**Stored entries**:
☆ ☆ ☆ ☆
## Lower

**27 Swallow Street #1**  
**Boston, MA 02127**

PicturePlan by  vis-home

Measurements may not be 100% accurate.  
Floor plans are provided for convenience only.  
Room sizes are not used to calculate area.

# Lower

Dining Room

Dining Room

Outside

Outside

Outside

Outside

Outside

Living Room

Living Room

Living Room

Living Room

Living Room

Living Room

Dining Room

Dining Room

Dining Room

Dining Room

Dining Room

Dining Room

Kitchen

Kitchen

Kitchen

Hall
☆ ☆ ☆ ☆
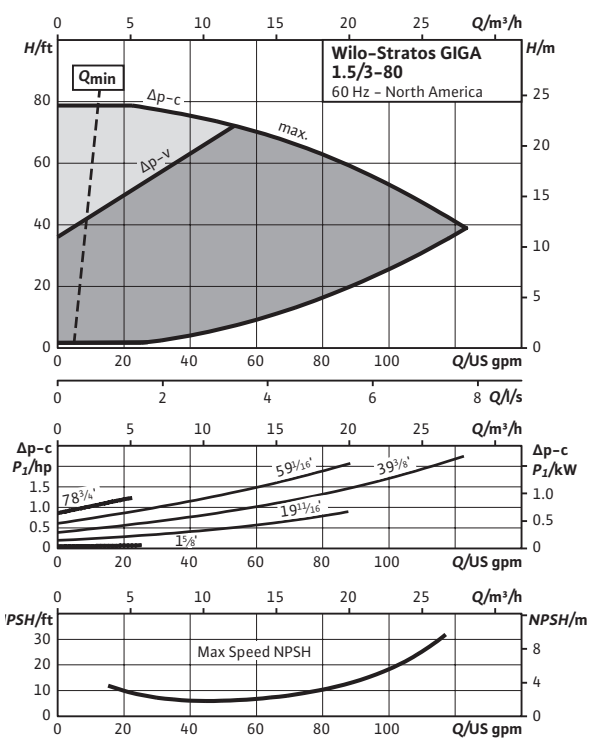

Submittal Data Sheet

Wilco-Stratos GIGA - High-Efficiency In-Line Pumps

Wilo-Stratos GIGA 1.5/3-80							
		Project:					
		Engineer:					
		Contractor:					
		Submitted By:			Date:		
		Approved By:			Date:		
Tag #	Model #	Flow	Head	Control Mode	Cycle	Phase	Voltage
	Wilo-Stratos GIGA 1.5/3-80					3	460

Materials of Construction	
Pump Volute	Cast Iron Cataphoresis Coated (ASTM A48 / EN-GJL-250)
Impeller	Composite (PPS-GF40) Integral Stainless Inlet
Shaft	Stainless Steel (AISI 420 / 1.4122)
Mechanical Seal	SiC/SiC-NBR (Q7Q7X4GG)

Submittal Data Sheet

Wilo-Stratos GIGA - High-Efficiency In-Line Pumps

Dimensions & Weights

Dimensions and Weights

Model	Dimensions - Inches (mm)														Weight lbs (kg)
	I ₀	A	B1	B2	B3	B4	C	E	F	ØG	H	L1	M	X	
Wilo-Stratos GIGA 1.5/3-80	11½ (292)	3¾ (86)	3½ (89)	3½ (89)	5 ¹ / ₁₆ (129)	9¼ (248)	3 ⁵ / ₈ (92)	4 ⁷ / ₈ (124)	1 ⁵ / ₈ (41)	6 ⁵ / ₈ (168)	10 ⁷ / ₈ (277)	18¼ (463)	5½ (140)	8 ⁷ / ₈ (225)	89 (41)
☆ ☆ ☆ ☆
**WHAT IS BEING ASKED**: Look through the entries above. Extract each line with the word "Efficiency".

**SOLUTION TO THIS TASK**:
Wilco-Stratos GIGA - High-Efficiency In-Line Pumps
Wilo-Stratos GIGA - High-Efficiency In-Line Pumps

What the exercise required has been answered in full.